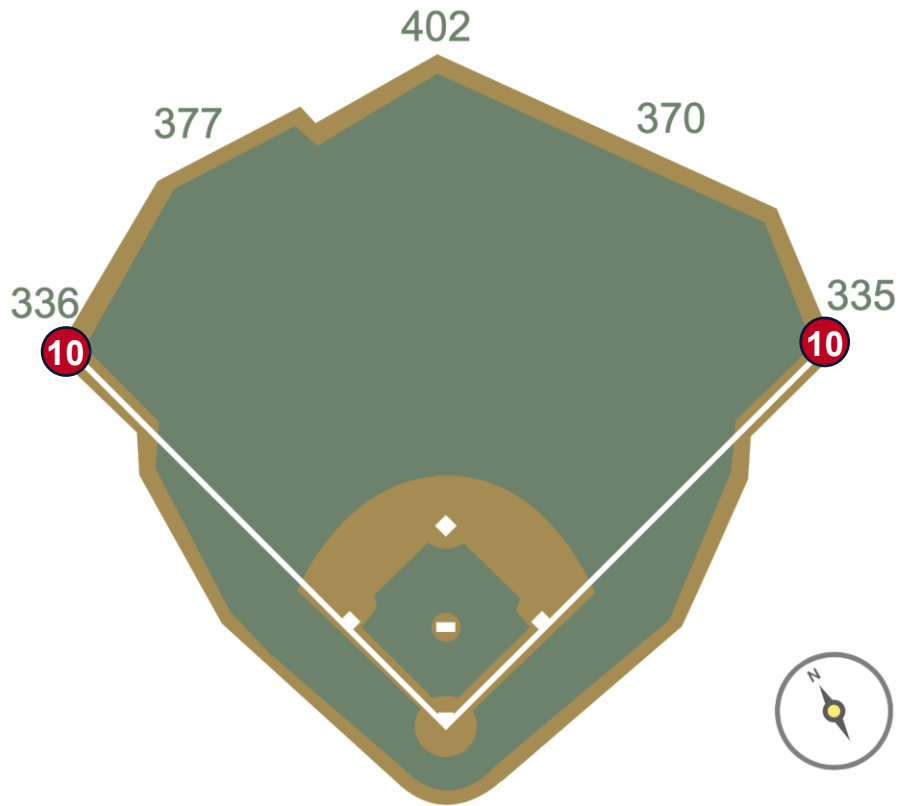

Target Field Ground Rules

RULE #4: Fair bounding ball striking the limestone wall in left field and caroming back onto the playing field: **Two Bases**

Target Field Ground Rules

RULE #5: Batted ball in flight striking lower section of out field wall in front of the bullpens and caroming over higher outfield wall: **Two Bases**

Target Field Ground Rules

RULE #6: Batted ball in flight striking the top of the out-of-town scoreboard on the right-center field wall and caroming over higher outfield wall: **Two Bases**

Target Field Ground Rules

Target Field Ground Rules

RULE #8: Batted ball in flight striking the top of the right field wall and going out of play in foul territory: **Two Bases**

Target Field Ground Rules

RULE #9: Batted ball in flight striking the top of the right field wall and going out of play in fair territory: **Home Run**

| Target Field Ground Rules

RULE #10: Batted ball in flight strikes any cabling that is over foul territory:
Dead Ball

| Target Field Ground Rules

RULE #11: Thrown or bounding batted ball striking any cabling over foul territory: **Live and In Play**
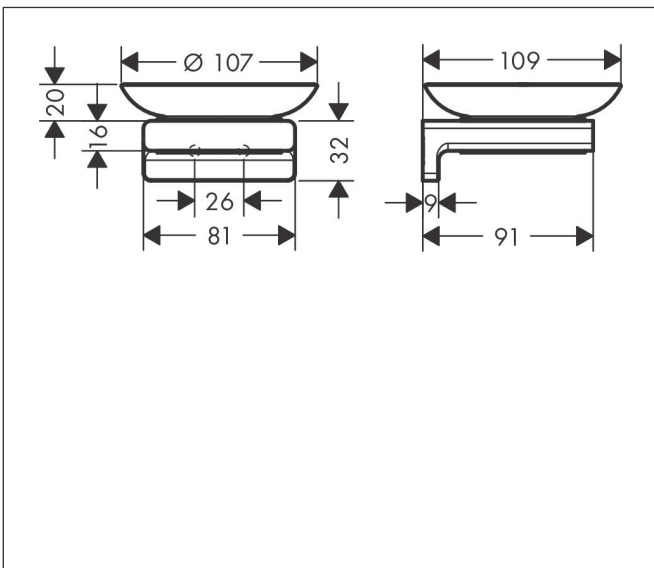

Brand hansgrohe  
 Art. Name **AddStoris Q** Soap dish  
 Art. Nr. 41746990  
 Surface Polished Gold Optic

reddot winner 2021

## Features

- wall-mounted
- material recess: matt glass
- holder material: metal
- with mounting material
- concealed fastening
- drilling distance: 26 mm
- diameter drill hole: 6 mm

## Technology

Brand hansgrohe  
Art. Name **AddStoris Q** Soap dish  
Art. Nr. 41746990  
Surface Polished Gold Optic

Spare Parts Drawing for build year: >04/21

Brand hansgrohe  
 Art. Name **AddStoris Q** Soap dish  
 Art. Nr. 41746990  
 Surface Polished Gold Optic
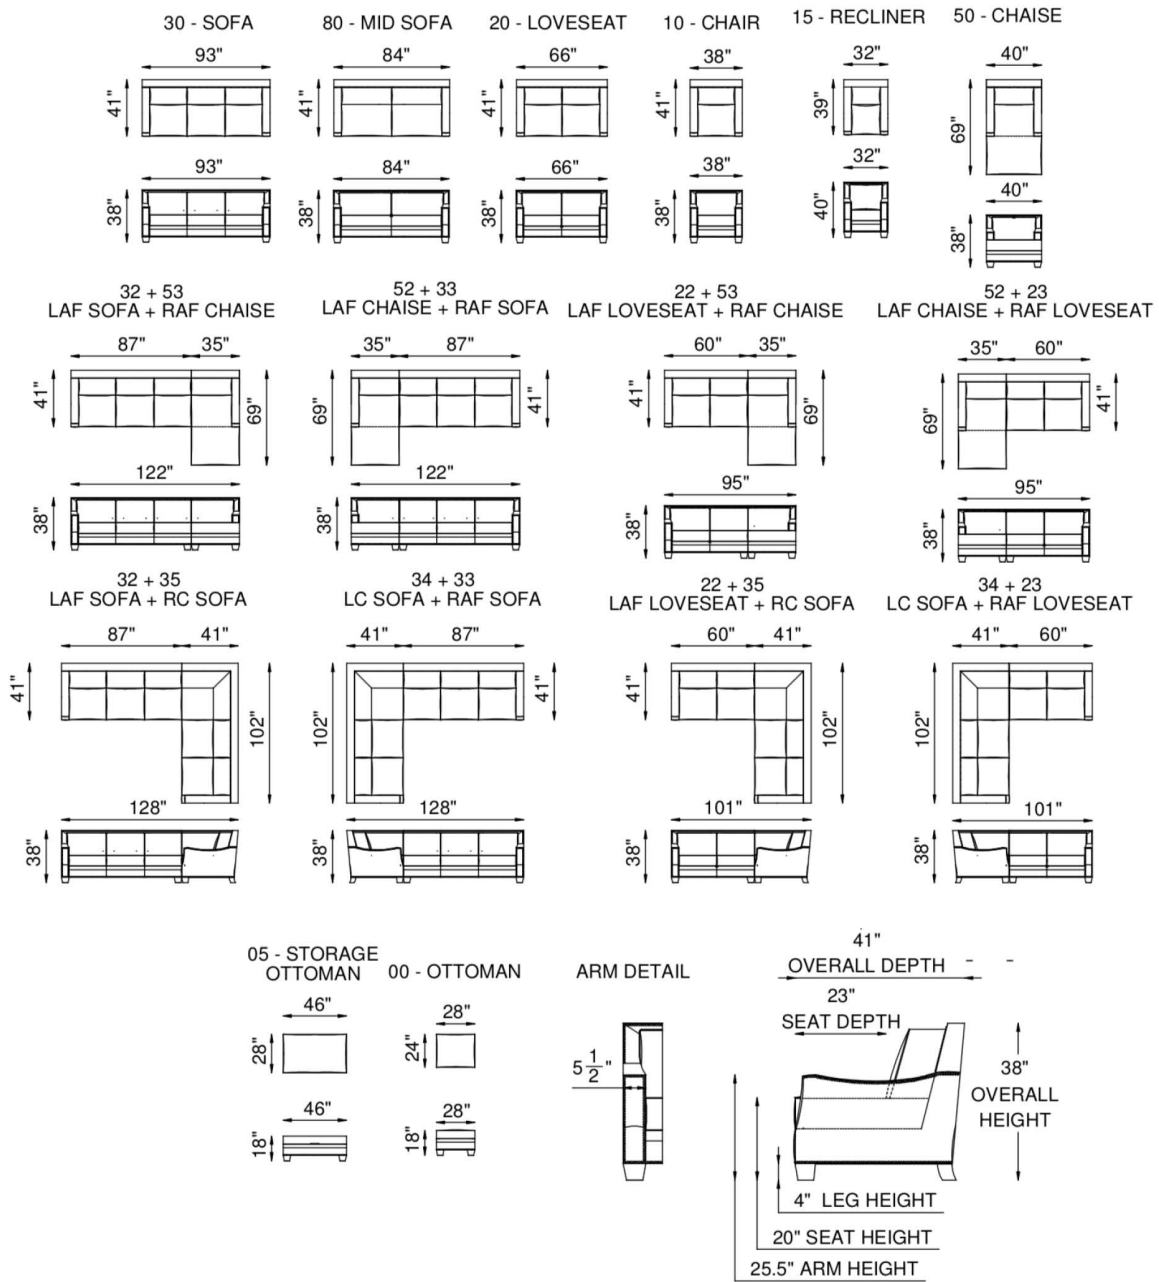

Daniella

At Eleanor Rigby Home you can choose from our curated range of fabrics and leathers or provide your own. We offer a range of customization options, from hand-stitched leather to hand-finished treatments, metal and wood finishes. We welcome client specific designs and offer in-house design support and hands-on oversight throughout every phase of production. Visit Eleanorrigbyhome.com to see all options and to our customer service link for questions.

* TASK BRIEF: For each line above that contains the word "territory", copy that line.

* PROBLEM SOLUTION:
RULE #8: Batted ball in flight striking the top of the right field wall and going out of play in foul territory: **Two Bases**
RULE #9: Batted ball in flight striking the top of the right field wall and going out of play in fair territory: **Home Run**
RULE #10: Batted ball in flight strikes any cabling that is over foul territory:
RULE #11: Thrown or bounding batted ball striking any cabling over foul territory: **Live and In Play**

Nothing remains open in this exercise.